__EXERCISE__. Reduce the material below to its lines containing "OSSP".

__DATA IN THIS EXERCISE__.

----

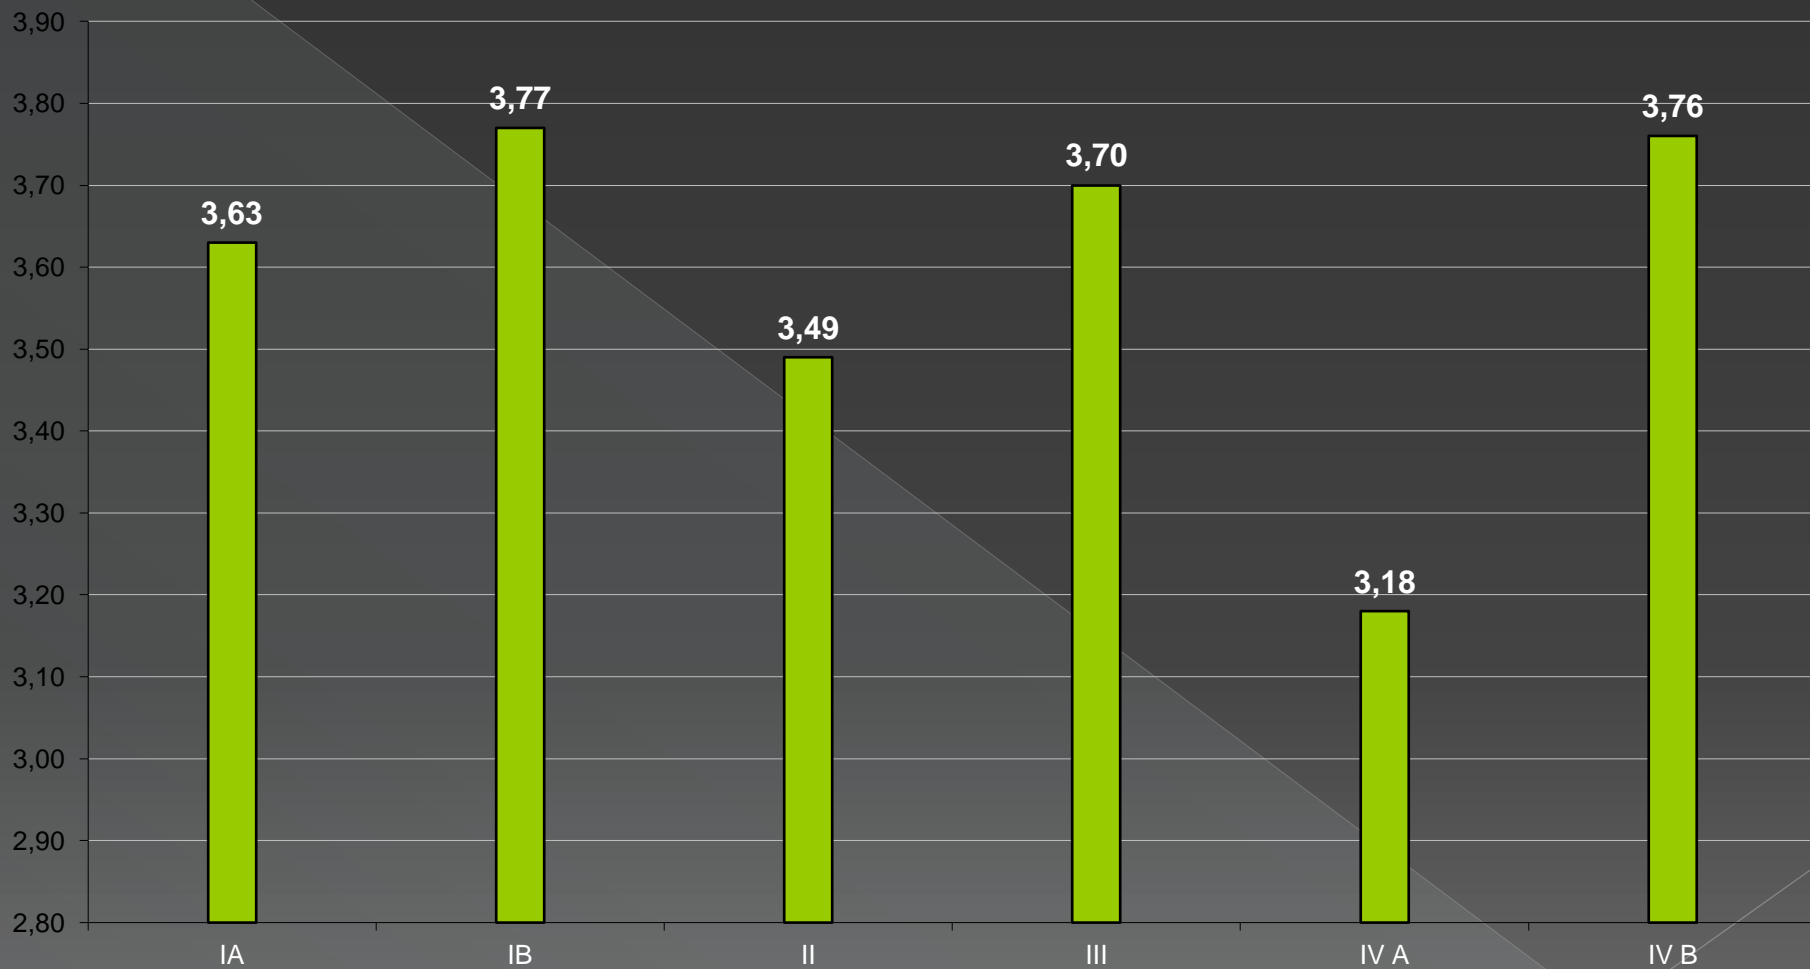

Średnia klas w OSSP - semestr I rok szkolny 2011/2012

Średnia klas w LP - semestr 1 rok szkolny 2011/2012

Średnia w PSP - semestr 1 rok szkolny 2011/2012

Średnia klas w ZPSP - semestr 1 rok szkolny 2011/2012

Frekwencja klas w OSSP - semestr I rok szkolny 2011/2012

Frekwencja klas w LP - semestr I rok szkolny 2011/2012

Frekwencja w PSP - semestr I rok szkolny 2011/2012

Frekwencja klas w ZPSP - semestr 1 rok szkolny 2011/2012

----

__PROBLEM SOLUTION__.
Średnia klas w OSSP - semestr I rok szkolny 2011/2012
Frekwencja klas w OSSP - semestr I rok szkolny 2011/2012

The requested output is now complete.